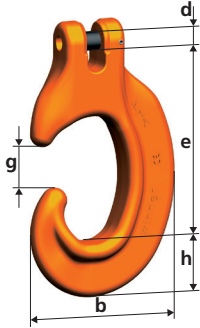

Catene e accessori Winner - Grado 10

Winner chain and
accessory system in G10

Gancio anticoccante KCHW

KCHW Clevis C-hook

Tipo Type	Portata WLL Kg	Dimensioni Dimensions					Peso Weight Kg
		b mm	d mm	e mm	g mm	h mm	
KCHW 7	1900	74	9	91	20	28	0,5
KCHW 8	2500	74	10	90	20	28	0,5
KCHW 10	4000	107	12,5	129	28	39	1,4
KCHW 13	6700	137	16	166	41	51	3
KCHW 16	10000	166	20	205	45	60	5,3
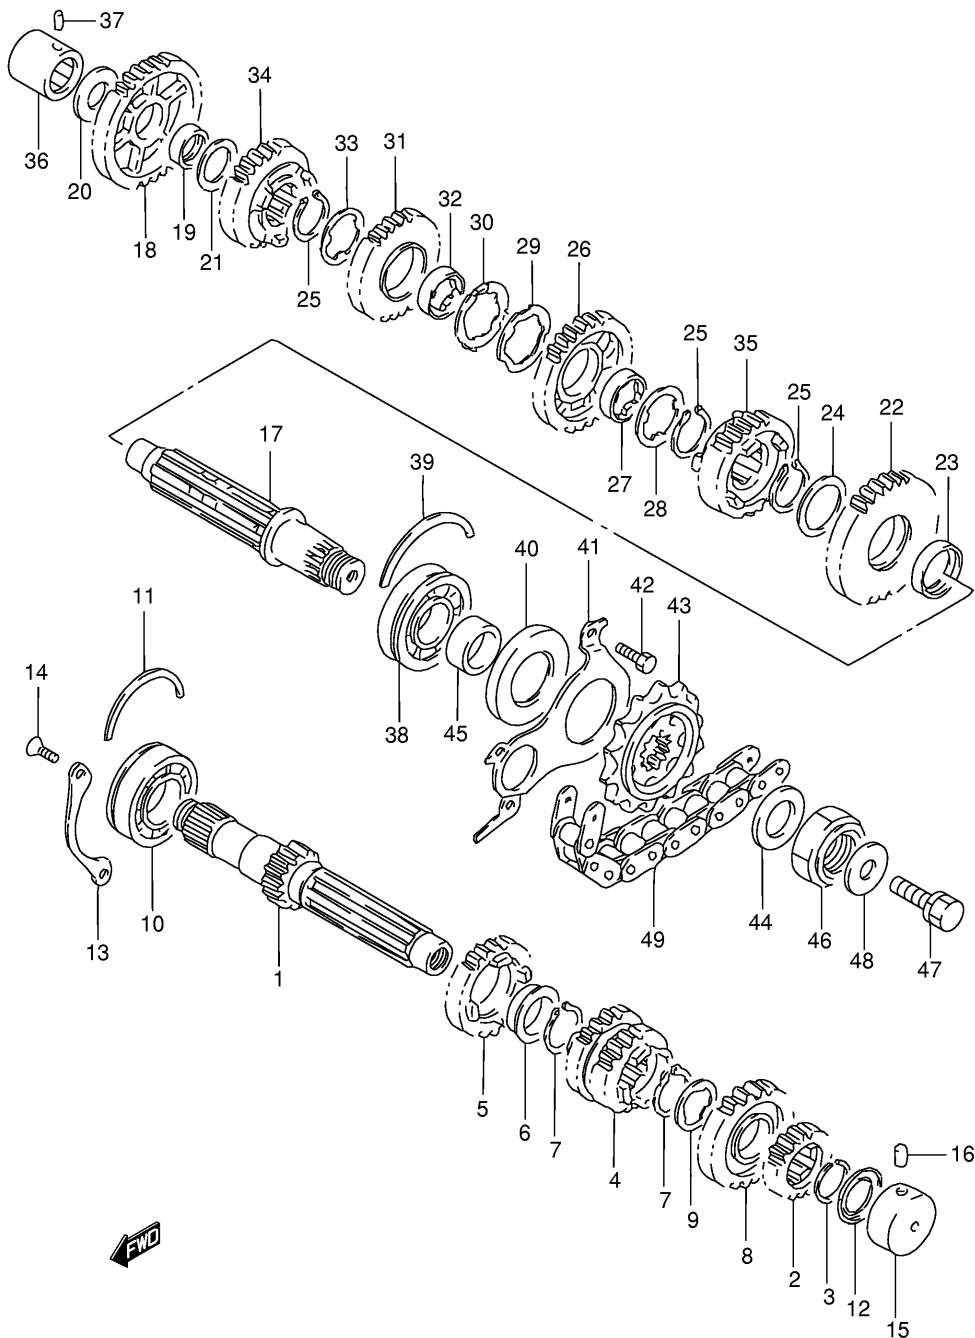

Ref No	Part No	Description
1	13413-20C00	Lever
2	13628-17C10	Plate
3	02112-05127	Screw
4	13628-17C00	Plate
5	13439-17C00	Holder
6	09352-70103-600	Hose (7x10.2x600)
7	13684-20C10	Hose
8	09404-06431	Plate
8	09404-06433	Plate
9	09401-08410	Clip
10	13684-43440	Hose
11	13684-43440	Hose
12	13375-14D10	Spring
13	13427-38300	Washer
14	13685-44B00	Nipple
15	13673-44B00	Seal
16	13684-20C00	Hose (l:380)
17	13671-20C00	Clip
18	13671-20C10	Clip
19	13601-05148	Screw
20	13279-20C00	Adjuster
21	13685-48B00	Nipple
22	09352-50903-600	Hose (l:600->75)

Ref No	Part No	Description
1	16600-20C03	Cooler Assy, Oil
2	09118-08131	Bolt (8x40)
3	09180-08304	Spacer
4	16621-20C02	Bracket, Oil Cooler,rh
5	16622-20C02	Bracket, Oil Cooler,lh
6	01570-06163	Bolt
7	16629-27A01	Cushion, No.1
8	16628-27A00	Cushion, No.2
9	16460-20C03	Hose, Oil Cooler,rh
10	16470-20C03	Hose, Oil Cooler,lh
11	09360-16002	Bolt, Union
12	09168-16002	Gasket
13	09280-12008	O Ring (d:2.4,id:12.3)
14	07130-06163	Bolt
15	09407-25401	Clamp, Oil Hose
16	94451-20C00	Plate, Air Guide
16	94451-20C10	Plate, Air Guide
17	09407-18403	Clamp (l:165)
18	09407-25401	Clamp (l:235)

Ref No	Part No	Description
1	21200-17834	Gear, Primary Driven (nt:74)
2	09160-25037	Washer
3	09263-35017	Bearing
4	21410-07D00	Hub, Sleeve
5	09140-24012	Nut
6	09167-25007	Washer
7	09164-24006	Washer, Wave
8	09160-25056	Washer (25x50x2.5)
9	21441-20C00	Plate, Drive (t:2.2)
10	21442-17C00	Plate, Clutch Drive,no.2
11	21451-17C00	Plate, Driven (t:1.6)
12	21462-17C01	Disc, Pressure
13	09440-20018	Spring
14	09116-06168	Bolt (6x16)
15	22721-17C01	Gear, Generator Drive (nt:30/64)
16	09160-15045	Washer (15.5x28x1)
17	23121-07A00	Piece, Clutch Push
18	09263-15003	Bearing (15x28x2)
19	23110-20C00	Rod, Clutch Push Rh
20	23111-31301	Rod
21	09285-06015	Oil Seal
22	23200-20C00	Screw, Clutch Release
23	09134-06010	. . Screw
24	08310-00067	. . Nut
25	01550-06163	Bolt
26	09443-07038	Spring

REQUIREMENT: Work out how many lines in the listing contain "Clip", then write down that number and nothing else.

THE COMPLETED TASK: 3